If a line below falls between the line with "STONE CAST INC." and the line with "FREE STANDING CEDAR WOOD TUBS", or is one of those two, output it exactly; output nothing else and no pictures.

── Working data

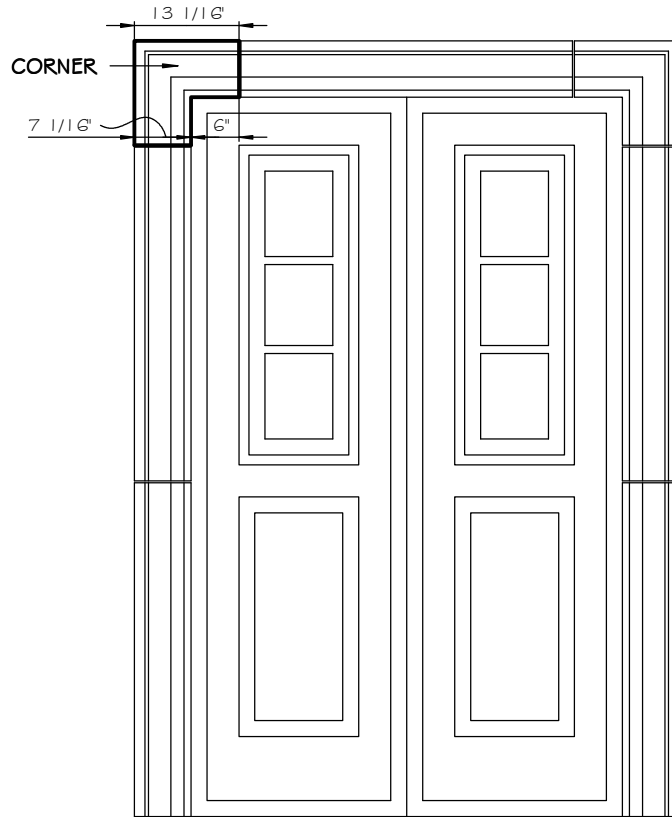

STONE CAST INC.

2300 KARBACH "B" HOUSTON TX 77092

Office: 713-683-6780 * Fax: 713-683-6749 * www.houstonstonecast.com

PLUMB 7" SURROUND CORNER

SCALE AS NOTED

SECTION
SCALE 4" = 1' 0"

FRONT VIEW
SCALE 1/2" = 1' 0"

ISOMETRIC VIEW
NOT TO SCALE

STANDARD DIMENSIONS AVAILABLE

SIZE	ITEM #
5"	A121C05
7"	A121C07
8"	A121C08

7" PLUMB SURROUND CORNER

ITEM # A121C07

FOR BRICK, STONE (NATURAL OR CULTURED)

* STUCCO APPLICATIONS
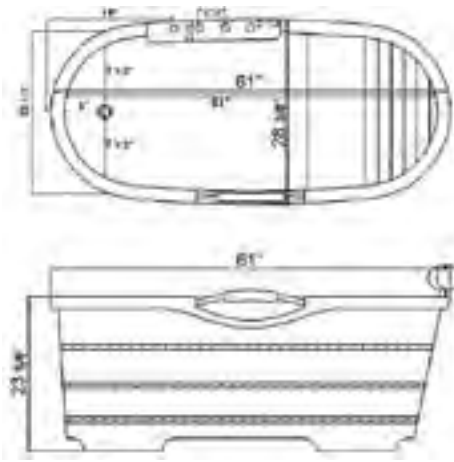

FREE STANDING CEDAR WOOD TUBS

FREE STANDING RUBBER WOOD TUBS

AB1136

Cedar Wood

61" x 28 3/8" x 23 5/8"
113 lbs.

────
── Working data

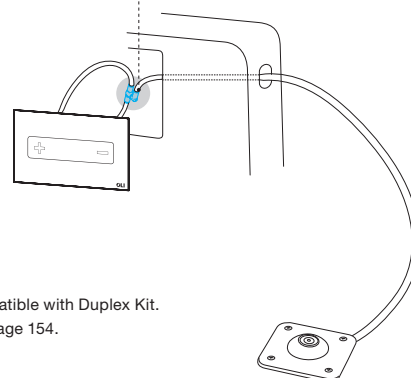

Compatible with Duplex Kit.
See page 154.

────
── Working data

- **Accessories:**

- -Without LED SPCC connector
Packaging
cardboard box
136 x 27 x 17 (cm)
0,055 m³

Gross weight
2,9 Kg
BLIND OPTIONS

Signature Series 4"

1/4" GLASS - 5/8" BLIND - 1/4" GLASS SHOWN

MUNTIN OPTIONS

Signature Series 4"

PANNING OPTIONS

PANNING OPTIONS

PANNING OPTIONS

────

• _Your solution_
STONE CAST INC.

2300 KARBACH "B" HOUSTON TX 77092

Office: 713-683-6780 * Fax: 713-683-6749 * www.houstonstonecast.com

PLUMB 7" SURROUND CORNER

SCALE AS NOTED

SECTION
SCALE 4" = 1' 0"

FRONT VIEW
SCALE 1/2" = 1' 0"

ISOMETRIC VIEW
NOT TO SCALE

STANDARD DIMENSIONS AVAILABLE

SIZE	ITEM #
5"	A121C05
7"	A121C07
8"	A121C08

7" PLUMB SURROUND CORNER

ITEM # A121C07

FOR BRICK, STONE (NATURAL OR CULTURED)

* STUCCO APPLICATIONS

FREE STANDING CEDAR WOOD TUBS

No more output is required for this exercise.